TRY IT: Retype the whole of the data exactly.
┄┄┄┄┄┄
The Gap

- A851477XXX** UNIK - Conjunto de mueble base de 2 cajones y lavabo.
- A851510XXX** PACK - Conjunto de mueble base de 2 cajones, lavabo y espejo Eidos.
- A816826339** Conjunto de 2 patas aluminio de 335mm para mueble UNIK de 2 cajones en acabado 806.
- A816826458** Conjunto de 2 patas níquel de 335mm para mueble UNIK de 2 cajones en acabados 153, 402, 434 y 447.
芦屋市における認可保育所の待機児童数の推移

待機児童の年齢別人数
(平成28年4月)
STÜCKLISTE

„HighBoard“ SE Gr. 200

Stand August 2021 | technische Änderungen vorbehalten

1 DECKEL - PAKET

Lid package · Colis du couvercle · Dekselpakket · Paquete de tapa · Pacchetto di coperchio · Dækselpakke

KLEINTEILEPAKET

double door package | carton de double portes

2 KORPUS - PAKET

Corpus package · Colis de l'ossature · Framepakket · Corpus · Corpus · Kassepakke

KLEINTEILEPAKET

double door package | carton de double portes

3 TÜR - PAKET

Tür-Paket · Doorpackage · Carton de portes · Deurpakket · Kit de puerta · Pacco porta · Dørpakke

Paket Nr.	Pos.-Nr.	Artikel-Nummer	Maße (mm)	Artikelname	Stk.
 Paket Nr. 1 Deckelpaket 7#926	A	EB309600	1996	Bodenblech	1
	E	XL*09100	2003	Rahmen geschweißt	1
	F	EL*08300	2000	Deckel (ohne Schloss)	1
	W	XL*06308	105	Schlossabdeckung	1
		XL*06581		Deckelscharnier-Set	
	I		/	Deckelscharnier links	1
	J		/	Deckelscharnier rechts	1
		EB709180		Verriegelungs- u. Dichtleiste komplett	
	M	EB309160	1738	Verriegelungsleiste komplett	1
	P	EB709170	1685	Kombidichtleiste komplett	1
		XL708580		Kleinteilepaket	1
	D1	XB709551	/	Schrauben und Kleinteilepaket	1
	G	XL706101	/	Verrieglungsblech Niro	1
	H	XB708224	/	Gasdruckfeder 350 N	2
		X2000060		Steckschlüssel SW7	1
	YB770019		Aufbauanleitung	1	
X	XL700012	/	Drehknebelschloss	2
┄┄┄┄┄┄
RESULT OF THIS TASK:
The Gap

- A851477XXX** UNIK - Conjunto de mueble base de 2 cajones y lavabo.
- A851510XXX** PACK - Conjunto de mueble base de 2 cajones, lavabo y espejo Eidos.
- A816826339** Conjunto de 2 patas aluminio de 335mm para mueble UNIK de 2 cajones en acabado 806.
- A816826458** Conjunto de 2 patas níquel de 335mm para mueble UNIK de 2 cajones en acabados 153, 402, 434 y 447.
芦屋市における認可保育所の待機児童数の推移

待機児童の年齢別人数
(平成28年4月)
STÜCKLISTE

„HighBoard“ SE Gr. 200

Stand August 2021 | technische Änderungen vorbehalten

1 DECKEL - PAKET

Lid package · Colis du couvercle · Dekselpakket · Paquete de tapa · Pacchetto di coperchio · Dækselpakke

KLEINTEILEPAKET

double door package | carton de double portes

2 KORPUS - PAKET

Corpus package · Colis de l'ossature · Framepakket · Corpus · Corpus · Kassepakke

KLEINTEILEPAKET

double door package | carton de double portes

3 TÜR - PAKET

Tür-Paket · Doorpackage · Carton de portes · Deurpakket · Kit de puerta · Pacco porta · Dørpakke

Paket Nr.	Pos.-Nr.	Artikel-Nummer	Maße (mm)	Artikelname	Stk.
 Paket Nr. 1 Deckelpaket 7#926	A	EB309600	1996	Bodenblech	1
	E	XL*09100	2003	Rahmen geschweißt	1
	F	EL*08300	2000	Deckel (ohne Schloss)	1
	W	XL*06308	105	Schlossabdeckung	1
		XL*06581		Deckelscharnier-Set	
	I		/	Deckelscharnier links	1
	J		/	Deckelscharnier rechts	1
		EB709180		Verriegelungs- u. Dichtleiste komplett	
	M	EB309160	1738	Verriegelungsleiste komplett	1
	P	EB709170	1685	Kombidichtleiste komplett	1
		XL708580		Kleinteilepaket	1
	D1	XB709551	/	Schrauben und Kleinteilepaket	1
	G	XL706101	/	Verrieglungsblech Niro	1
	H	XB708224	/	Gasdruckfeder 350 N	2
		X2000060		Steckschlüssel SW7	1
	YB770019		Aufbauanleitung	1	
X	XL700012	/	Drehknebelschloss	2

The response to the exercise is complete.